Repeat nothing but the lines below running from the one containing "Houd de snijmarge/afloop" to the one containing "Geef achtergrondkleuren, afbeeldingen". Keep both end lines.

→ Records supplied
---
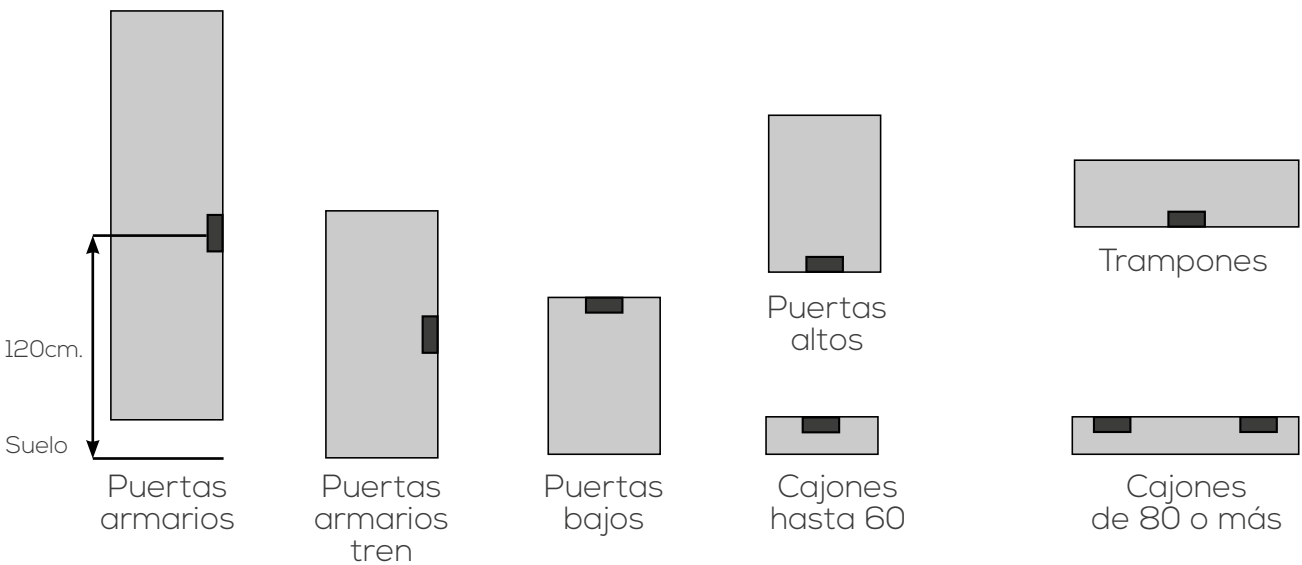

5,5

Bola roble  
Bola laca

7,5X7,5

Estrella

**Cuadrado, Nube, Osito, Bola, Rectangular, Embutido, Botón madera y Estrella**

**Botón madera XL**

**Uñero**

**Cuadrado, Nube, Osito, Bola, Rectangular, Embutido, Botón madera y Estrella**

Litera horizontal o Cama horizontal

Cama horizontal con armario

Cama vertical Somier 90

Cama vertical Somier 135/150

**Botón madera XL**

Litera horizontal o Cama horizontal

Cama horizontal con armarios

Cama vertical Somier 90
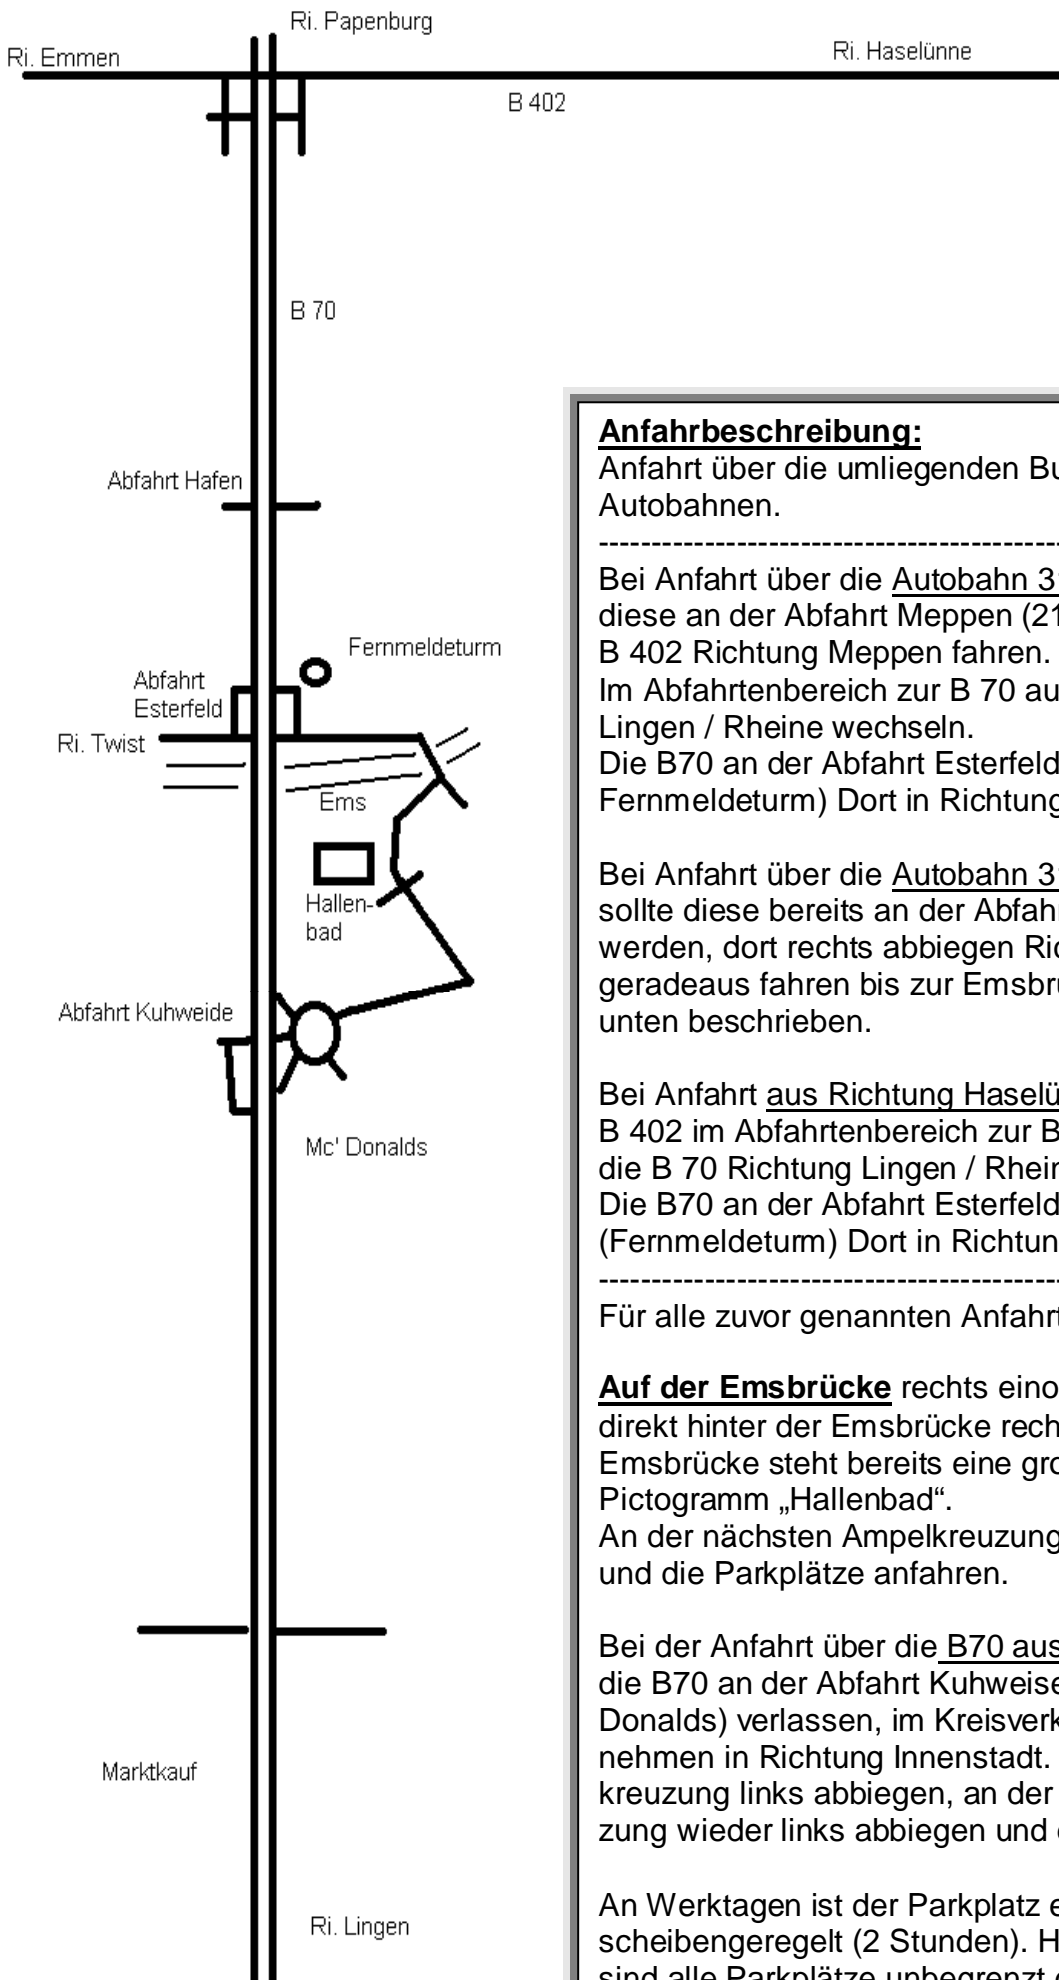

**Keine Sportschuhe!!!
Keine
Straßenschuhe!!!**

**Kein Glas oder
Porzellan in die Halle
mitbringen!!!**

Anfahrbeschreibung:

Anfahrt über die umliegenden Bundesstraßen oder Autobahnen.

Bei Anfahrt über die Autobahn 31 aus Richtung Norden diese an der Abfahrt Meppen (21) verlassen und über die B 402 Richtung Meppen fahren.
---
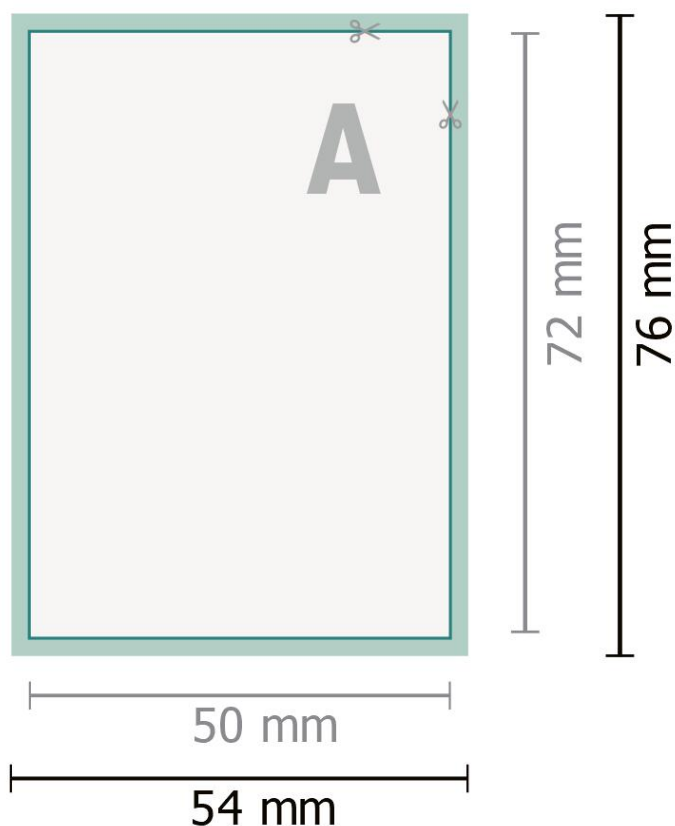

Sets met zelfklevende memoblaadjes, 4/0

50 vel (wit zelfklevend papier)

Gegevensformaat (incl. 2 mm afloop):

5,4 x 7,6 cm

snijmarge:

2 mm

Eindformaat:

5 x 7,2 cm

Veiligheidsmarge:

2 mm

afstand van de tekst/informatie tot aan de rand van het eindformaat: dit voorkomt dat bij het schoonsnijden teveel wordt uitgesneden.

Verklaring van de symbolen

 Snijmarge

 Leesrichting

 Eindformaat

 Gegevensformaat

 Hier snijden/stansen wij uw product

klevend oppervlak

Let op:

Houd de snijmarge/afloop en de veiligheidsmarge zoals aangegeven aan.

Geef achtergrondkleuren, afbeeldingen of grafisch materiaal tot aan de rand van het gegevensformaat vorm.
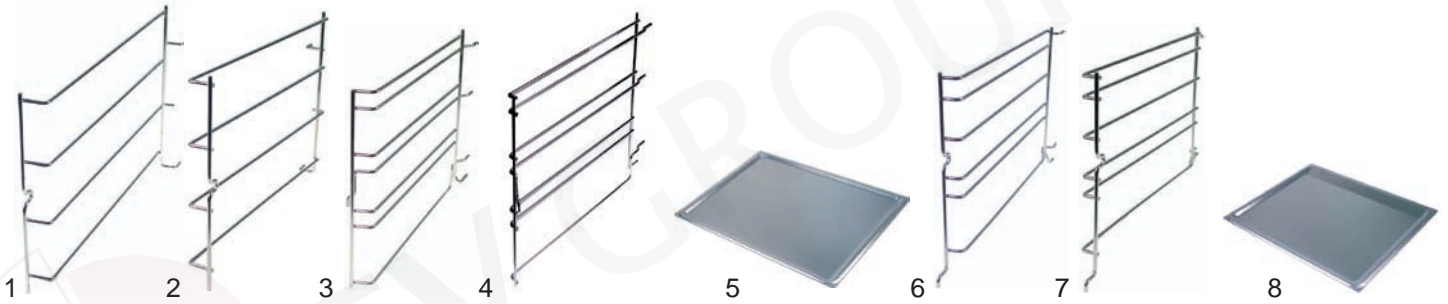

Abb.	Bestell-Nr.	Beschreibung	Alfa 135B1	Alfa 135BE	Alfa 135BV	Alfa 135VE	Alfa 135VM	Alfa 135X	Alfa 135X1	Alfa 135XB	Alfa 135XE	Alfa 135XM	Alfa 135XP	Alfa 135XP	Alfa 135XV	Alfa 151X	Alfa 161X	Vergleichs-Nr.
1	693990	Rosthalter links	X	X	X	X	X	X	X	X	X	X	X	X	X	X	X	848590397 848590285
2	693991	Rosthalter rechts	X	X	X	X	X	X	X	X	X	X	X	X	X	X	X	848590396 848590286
---
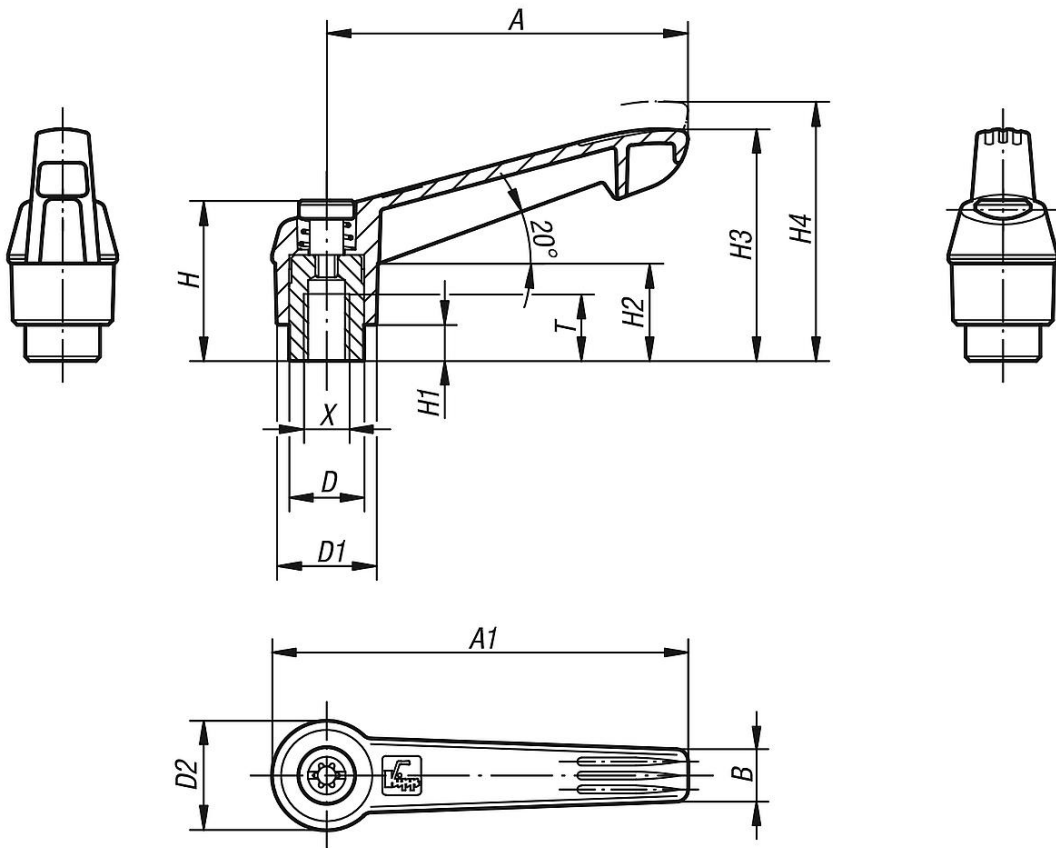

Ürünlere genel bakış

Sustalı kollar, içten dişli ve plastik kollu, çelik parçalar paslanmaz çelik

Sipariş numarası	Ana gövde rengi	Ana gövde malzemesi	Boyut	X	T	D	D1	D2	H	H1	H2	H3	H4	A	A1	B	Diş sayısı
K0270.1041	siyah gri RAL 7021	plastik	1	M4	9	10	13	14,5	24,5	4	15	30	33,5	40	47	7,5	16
---
→ Task answer
Houd de snijmarge/afloop en de veiligheidsmarge zoals aangegeven aan.

Geef achtergrondkleuren, afbeeldingen of grafisch materiaal tot aan de rand van het gegevensformaat vorm.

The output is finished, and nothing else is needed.